Work task:
Leaving out all pictures, reproduce the entries below exactly, from the first line through the line that contains "DRAWN BY David".
====== Data extracts
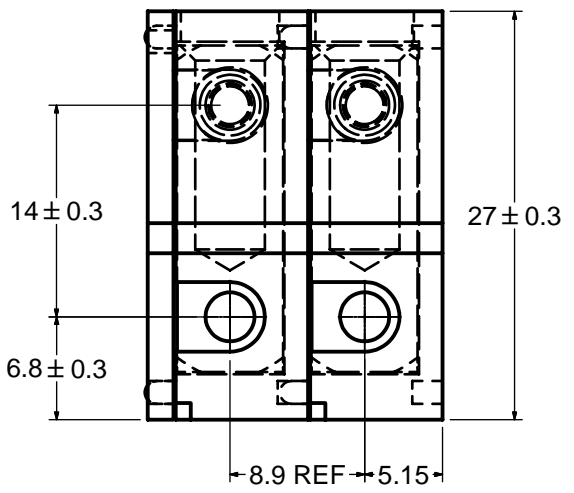

M4x0.7 - 6H
2-M4X6 Headless Hex. Screw

Ø4.6 -13.5 DEEP

Material:
Housing: Clear Polycarbonate
Terminal: Gold Plated Brass
Suitable for wire size: #10 wire

UNLESS OTHERWISE SPECIFIED DIMENSIONS ARE IN MM TOLERANCE DECIMALS ANGULAR X ± 0.5 ±2' XX ± 0.25 DO NOT SCALE DRAWING	CUSTOMER NO.	JENN FENG ELECTRIC INDUSTRIAL CO., LTD
	DRAWN BY David	
	CHECKED BY 張文寶	Amplifier Terminal Block
	APPROVED BY 鄭文和	PART NO. T-534R10#(2P)
MATERIAL	DATE 2006/8/7	DRAWING NO. BA04103001
REV 1.1	SCALE
============
Task result:
M4x0.7 - 6H
2-M4X6 Headless Hex. Screw

Ø4.6 -13.5 DEEP

Material:
Housing: Clear Polycarbonate
Terminal: Gold Plated Brass
Suitable for wire size: #10 wire

UNLESS OTHERWISE SPECIFIED DIMENSIONS ARE IN MM TOLERANCE DECIMALS ANGULAR X ± 0.5 ±2' XX ± 0.25 DO NOT SCALE DRAWING	CUSTOMER NO.	JENN FENG ELECTRIC INDUSTRIAL CO., LTD
	DRAWN BY David	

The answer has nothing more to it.